Figure 5 suggests that the calibrated models provide a satisfactory representation of the observations in a probabilistic sense. We now analyze their predictive performance at diverse locations in the domain. The reference values at unsampled locations can be compared against the corresponding MCMC predictive distributions of h(x) and Y(x). The estimated Cumulative Distribution Functions (CDFs) obtained for h and Y are respectively depicted in Figs. 7 and 8 together with the corresponding reference value for \(\sigma_{Y} = 0.1,0.5.\) Only a set of selected locations in the domain are displayed, as representative of the range of results obtained in our simulations. It can be noted that at some locations the reference value is comprised within the range of values associated with non-negligible probability for the two CDFs depicted. Otherwise, there are locations at which this behavior can be observed for only one of the two posterior CDFs, which is most frequently linked to the largest variance of the measurement errors. Nonetheless, there are some locations (far from measurements) where the reference values are not captured by either of the CDFs obtained from our inversion. Hence, the parameterization strategy based on the identification of a reduced dimensionality KLE may lead to collections of solutions which do not encompass the reference solution at some unsampled locations (far from measurements). To improve the quality of the estimation, one can, for instance, increase the number of measurements and/or the threshold for the selection of eigenmodes in the MAP to yield an augmented number of KL eigenmodes, thus contributing to improve the quality of the inverse solutions (as compared to the reference solution).

Fig. 7
figure 7

Comparison between cumulative distribution functions of pressure heads at selected unsampled locations [red 19 modes reduced sparse KLE (\(\sigma_{Y}\) = 0.1); green 12 modes reduced sparse KLE (\(\sigma_{Y}\) = 0.5)]. Blue dashed lines indicate reference values. Coordinate pairs in parenthesis correspond to the locations selected in the domain

Fig. 8
figure 8

Comparison between cumulative distribution functions of log-transmissivity at selected unsampled locations [red 19 modes reduced sparse KLE (\(\sigma_{Y}\) = 0.1); green 12 modes reduced sparse KLE (\(\sigma_{Y}\) = 0.5)]. Blue dashed lines indicate reference values. Coordinate pairs in parenthesis correspond to the locations selected in the domain

8 Conclusions

We develop an operational strategy to obtain computationally affordable and Bayesian estimates of satisfactory quality of heterogeneous transmissivity fields in the presence of sampled data available at a set of locations in an aquifer. We do so by relying on a scheme based on modeling the (natural) logarithm of transmissivity as a stochastic Gaussian process which is parameterized through a truncated KLE. We consider strongly heterogeneous transmissivity fields, such as those characterized by short-range (with respect to the domain size) correlation, for which Bayesian inference becomes highly challenging and computationally demanding due to the large number of terms which are required to be retained in the KLE.
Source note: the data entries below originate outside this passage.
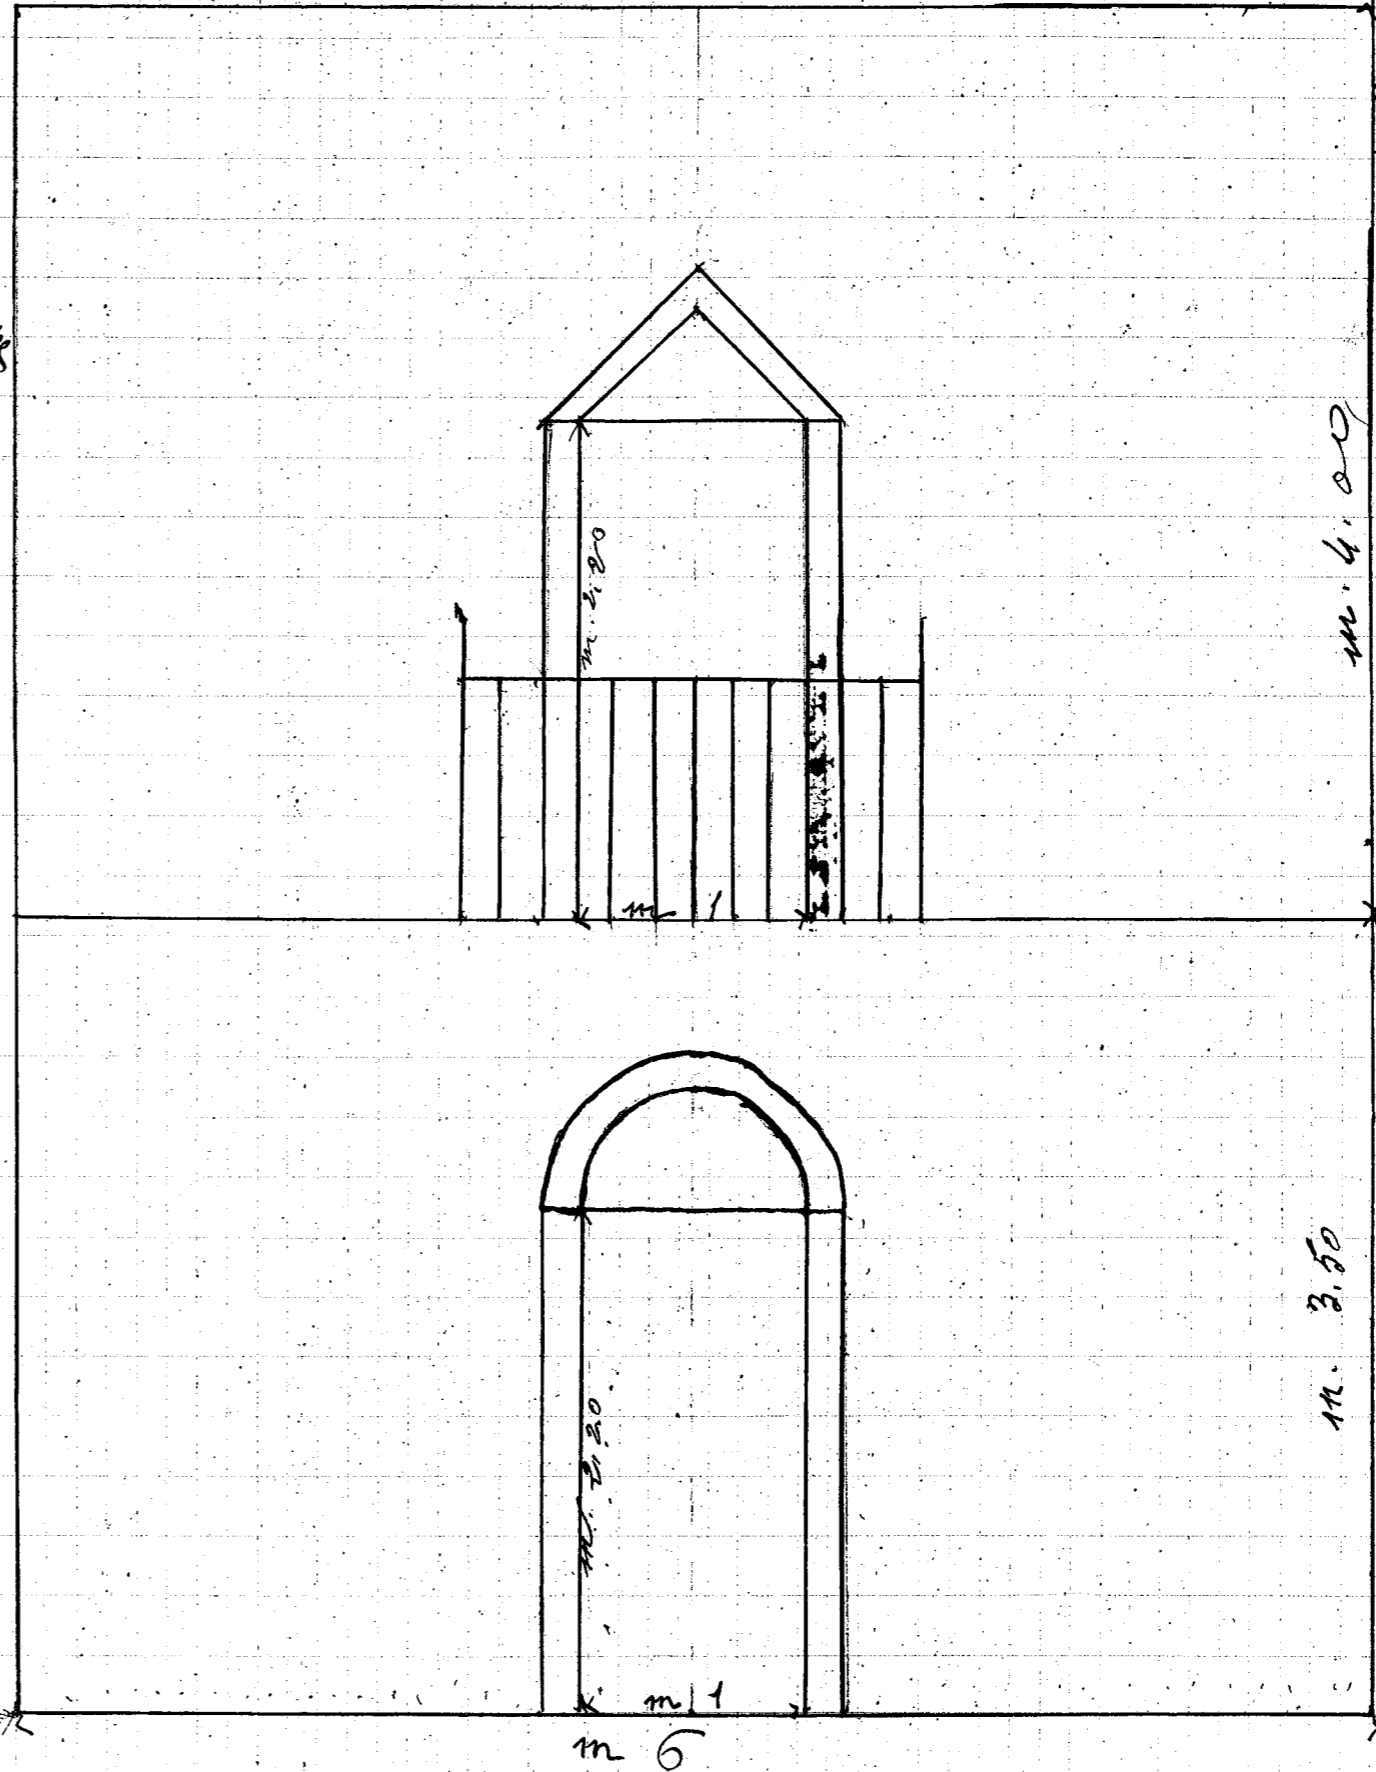

Sezione Prospetto

Sezione pianta  
confina con boforte Alfonso fu Francesco con Spinelli Leonora fu Giuseppe  
m. 6.00

Il sottoscritto Russo Silvestre  
Pregato commissione di ordine  
accettare la domanda per la costruzione di  
una casa. La fine della base  
bottega sotto confinata in  
via Gerone con Spinelli  
Leonora fu Giuseppe,  
e in via Campione  
con boforte Alfonso fu  
Francesco.

Altezza della base.  
La base, che è il lato che confina  
con Spinelli Leonora fu Giuseppe  
è m. 6.00. L'altro lato che  
confina con boforte Alfonso  
fu Francesco è m. 2.80.  
Dalla base al primo piano  
m. 3.50. Dal primo piano  
in su m. 4.00

Russo Silvestre

m. 4.00

m. 3.50

m. 6
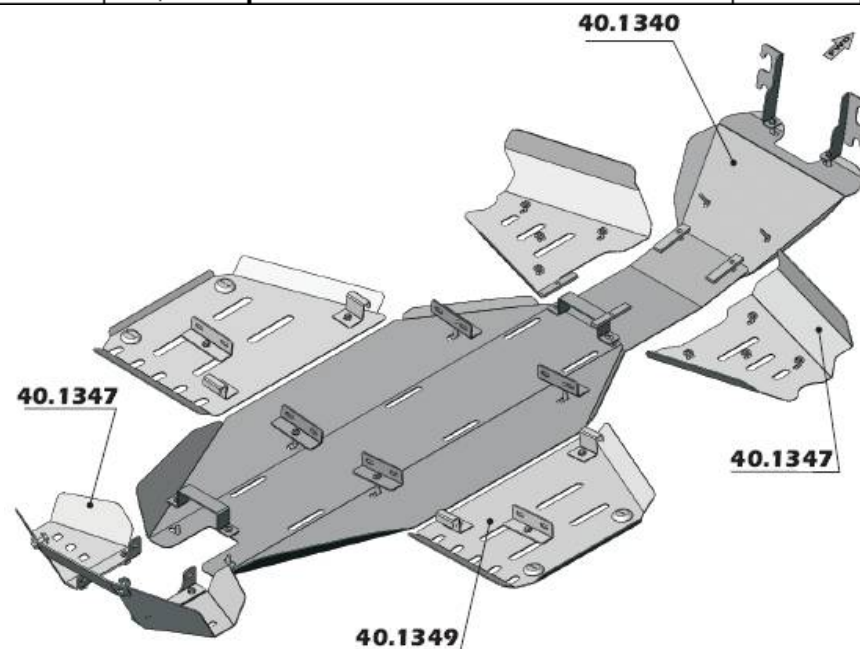

Аксессуары для ATV

Outlander 650/800

40. 1340	Защита днища	
40. 1347	Защита передних рычагов+заднего редуктора	
40. 1349	Защита порогов

Our strategy starts from a highly-parameterized field and yields a set of sparse KLEs with reduced dimensionality, the MAP estimate of the eigenmodes in each sparse KLE being obtained through inverse modeling of flow against noisy data. Selection of the optimal number of modes to be retained in the expansion is driven by a model selection criterium, which is informed by available observations. The posterior statistical distribution of the corresponding eigenmodes is then obtained upon relying on the DREAM(ZS) MCMC sampler developed by Laloy and Vrugt (2012).

The approach is illustrated by relying on a suite of computational examples where noisy transmissivity and head values are sampled from a given transmissivity field. The new methodology yields a satisfactory inversion of the stochastic field with a good representation of the observations in a probabilistic sense. At some unsampled locations (far from measurements), the collection of estimated solutions may not encompass the reference values. The quality of the estimation could be improved for instance by increasing the number of measurements and/or the threshold for the selection of KL eigenmodes in the MAP.